- Assignment -
How many lines below include the word "ירושלים"? State that number and nothing else.

- The input -
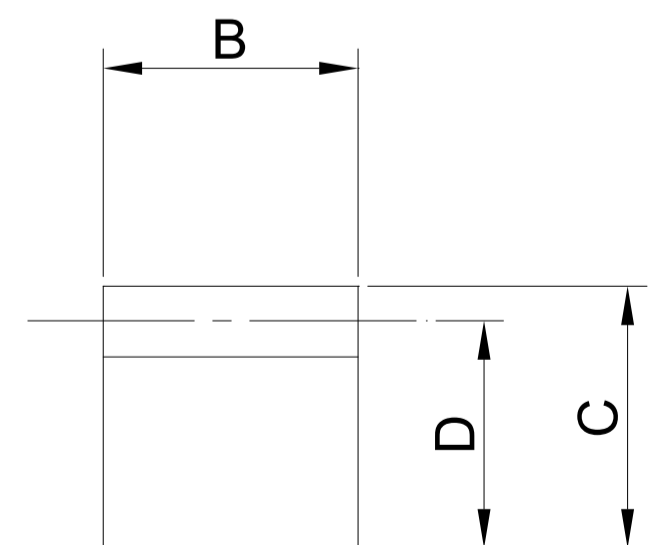

排齒

規格：M1 - M5

材質：PEEK、POM、MC尼龍或可以依客戶需求訂製

正齒排輪

斜齒排輪

聯絡資訊

505008彰化縣鹿港鎮東崎里東崎七巷60-3號
E-mail: sales@plasautotw.com

TEL: +886-4-778-4688
FAX: +886-4-778-4268
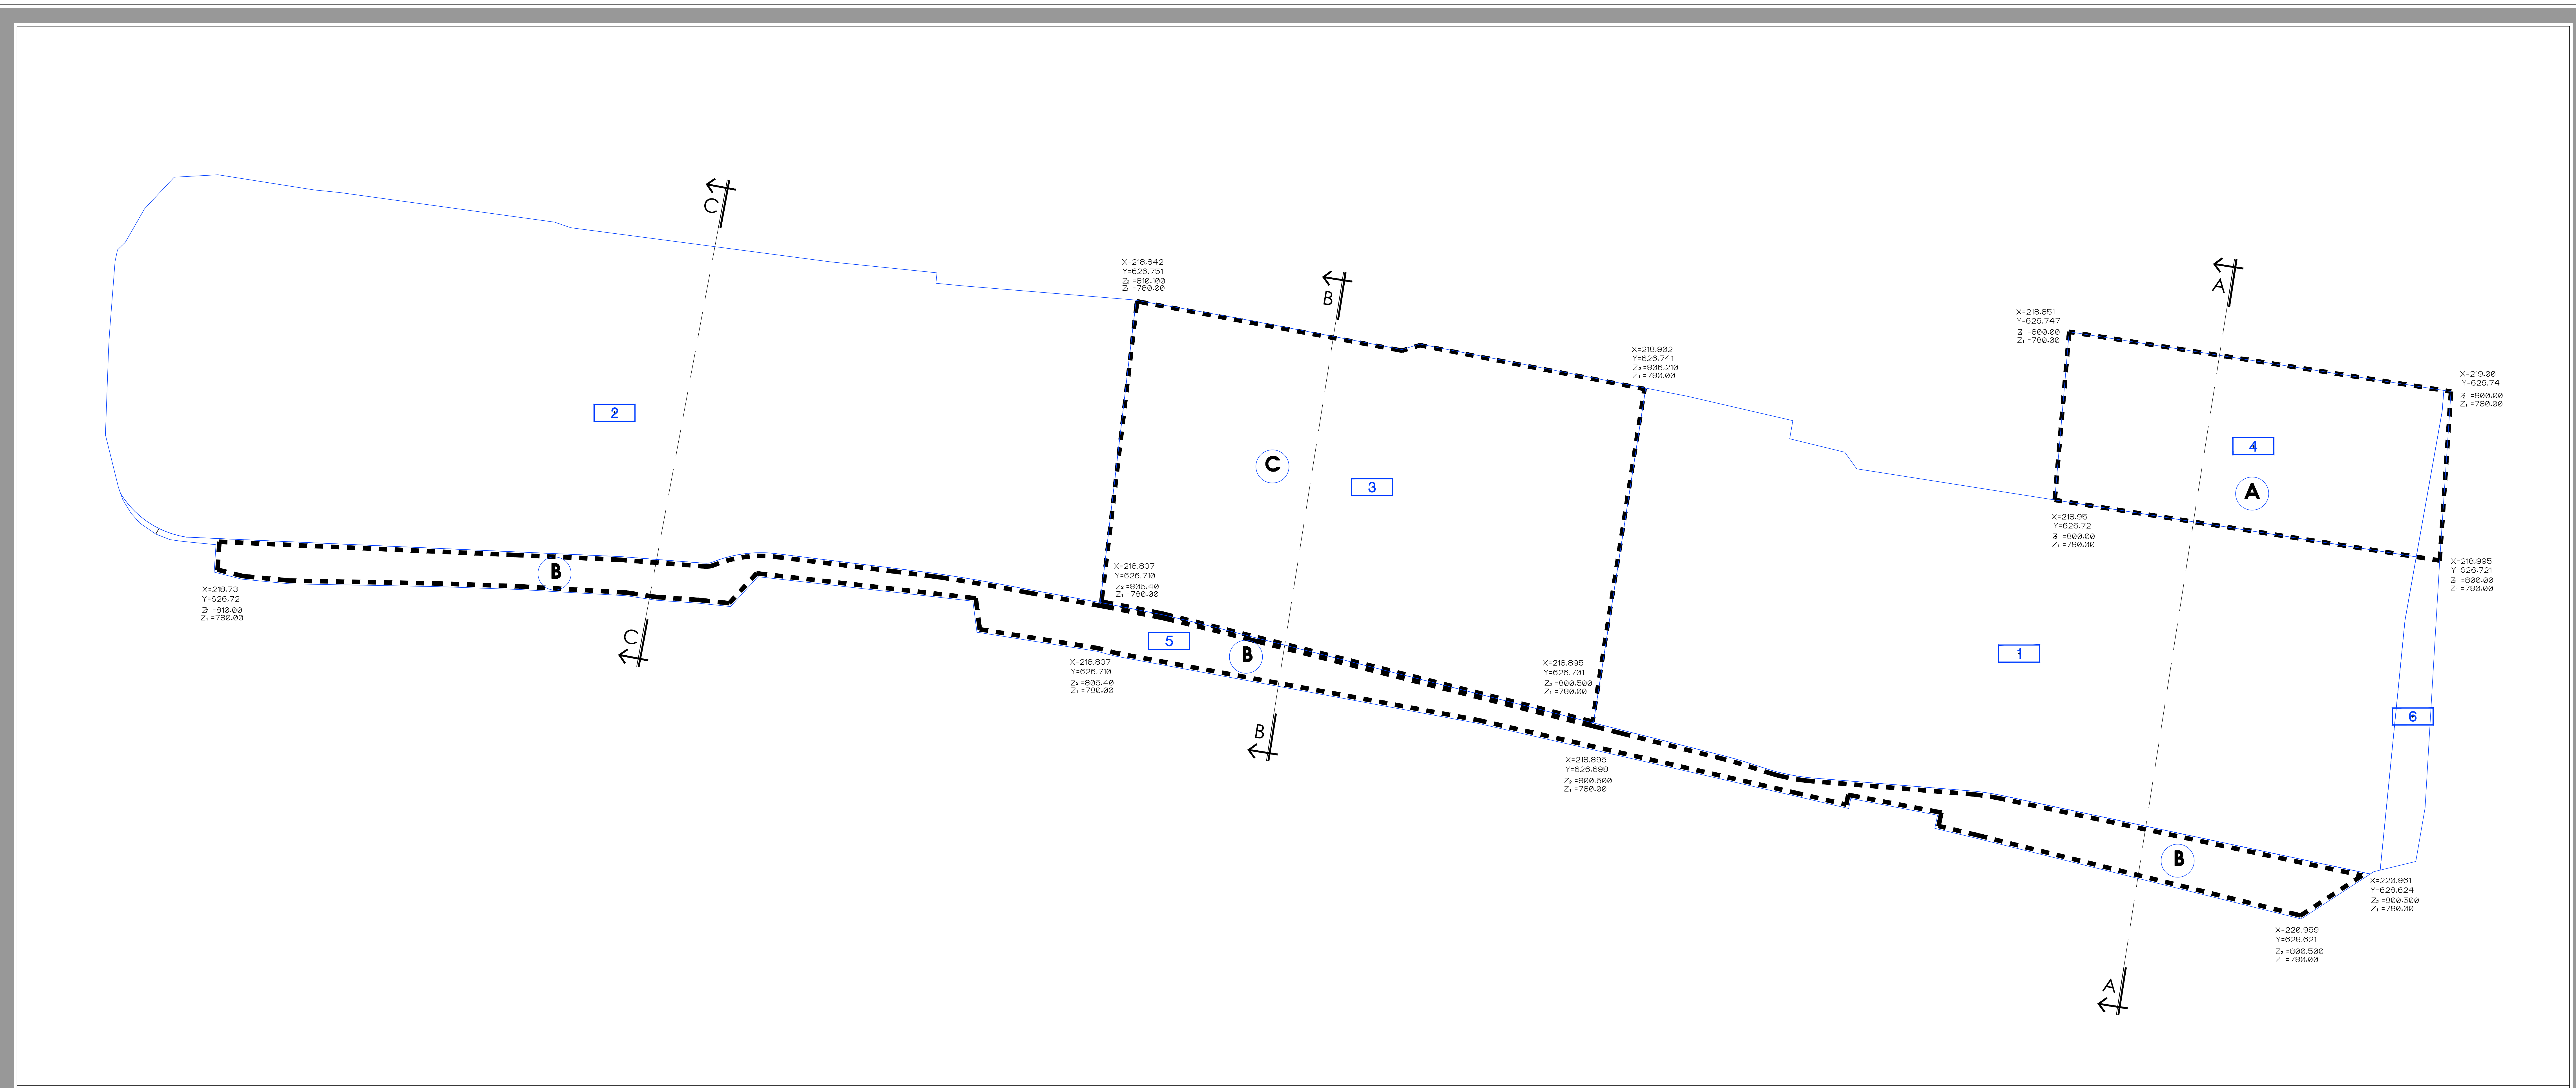

מס' 101-0701391
פינוי בינוי רחוב הצוף, גילה, ירושלים

נספח בינוי תלת מימד גליון 1 מתוך 1

מחזור	ירושלים
תחולה	מנחה
קנ"מ	1:250 1:200

שמות וזחיתמות:

עורך התוכנית	שם:	יואל פייגין	זחיתמה:
	תאגיד:	פייגין אדריכלים	

- מיקרא
- מגוים ר'
- תכת מימד
- מספר תא שטח

תשריט תאי שטח 1:250

- Solution -
2